The US Defense Advanced Research Projects Agency (DARPA) and US Air Force have initiated the second phase of the Unmanned Combat Air Vehicle (UCAV) programme with the award to Boeing of a $450 million contract extension to build and flight-test two operationally representative X-45B demonstrators starting in late 2004.

Boeing's three-year demonstration programme is intended to provide the basis for the development and deployment of an initial operational A-45 Spiral 2 UCAV within six years. The two planned General Electric F404-powered demonstrator vehicles will be significantly larger and more capable than the two Spiral 0 X-45As, the first of which flew in May.

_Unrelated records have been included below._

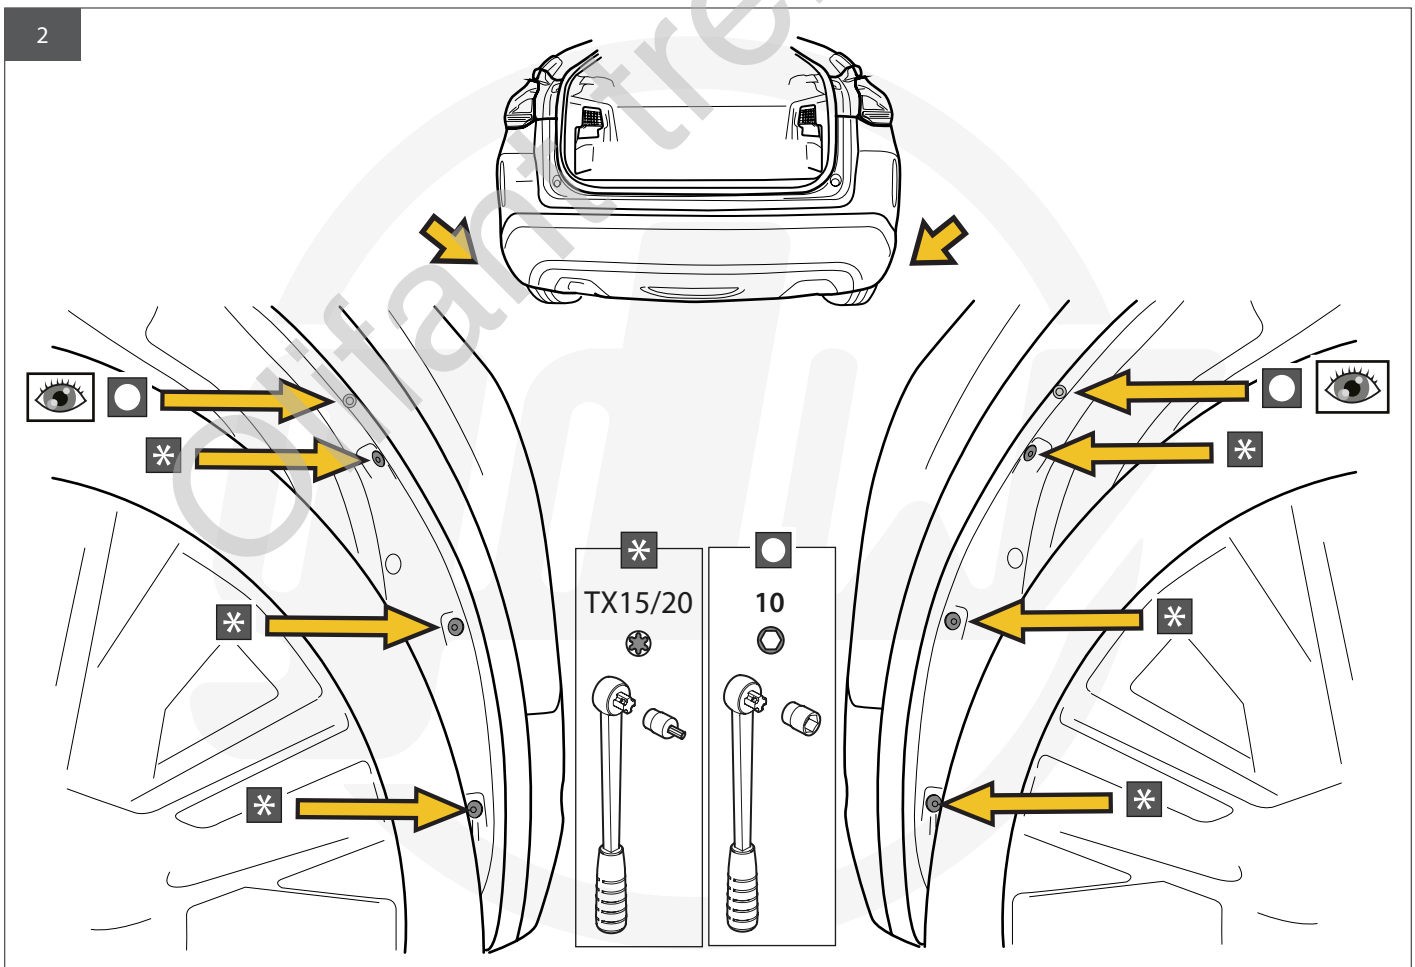

1		X1	GDW REF. 2640T60
2		X2	GDW REF. 2
3		X1	GDW REF. 3
4		X1	GDW REF. 4
5		X6	DIN9021-M8-ELVZ
6		X6	DIN128A-M8
7		X6	DIN933-M8 X 35
8		X1	DIN125-A10-14OHV-ELVZ
9		X1	DIN128A-M10
10		X1	DIN933-M10 X 35

-P		X1	GDW REF. P39
L		X1	DIN985-M6
L		X2	6,2 X 15,4 X 1,6 (NYLON)
L		X1	GDW REF. 718.16.002
L		X1	GDW REF. 718.16.003
L		X1	GDW REF. 908.094
L		X1	DIN933-M6 X 30
L		X1	GDW REF. 908.095

Geleverd met - Livré avec - Delivered with Geliefert mit - Elementos adjuntos-Leveres med		X1	GDW REF. 960.V1008T	
	L		X1	GDW REF. 740.200
			X1	GDW REF. 912.003
	L		X1	GDW REF. 740.112
	L		X1	GDW REF. 740.111
			X1	GDW REF. 740.12X X=LAST NUMBER ON KEY
			X1	GDW REF. 718.15.006
			X1	GDW REF. SYST60-10
	L		X3	DIN931-M12 X 110
	L		X3	DIN128A-M12
L		X6	DIN125A-M12	
L		X3	DIN934-M12
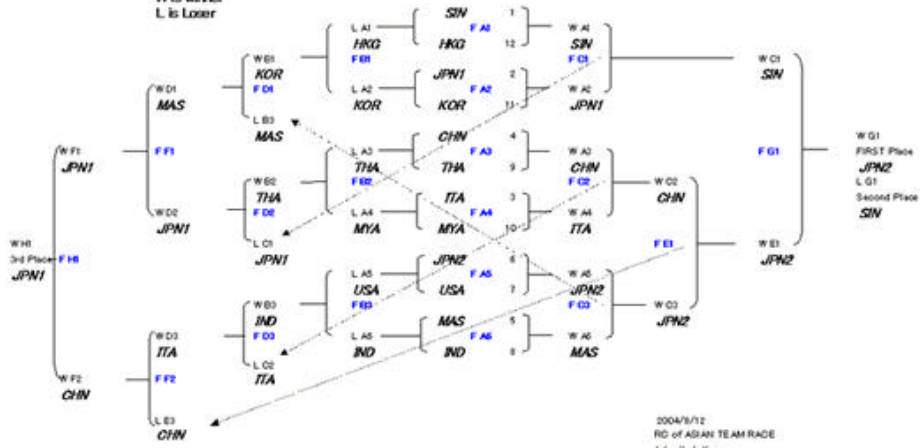

IODA ASIAN SAILING CHAMPIONSHIP : TEAM RACING FORMAT

F is Flight Code
W is winner
L is Loser

[please download](#)

DARPA had intended to build three X-45Bs, but says it can now achieve the same objectives with only two vehicles.

The Spiral 1 X-45B will have a stealth design, incorporating low observable apertures and antennas, a fully integrated avionics and weapons system, including a synthetic aperture radar, electronic support measures and satellite communications, as well as provision for in-flight refueling.

Boeing's contract includes producing and testing a fourth and fifth block of iterative software loads, two shipping/storage containers and an updated mission control station.

The US Navy's UCAV-N programme, in contrast, remains stalled after meetings between the USN and DARPA failed to resolve differences on how to proceed with the flight demonstration phase.

The USN is reluctant to choose between the Boeing X-46 and Northrop Grumman X-47 demonstrators, ahead of a planned development and acquisition competition in 2004. The $100 million budget for UCAV-N Phase 2B is enough to flight test only one demonstrator. The X-47 began taxiing trials last month.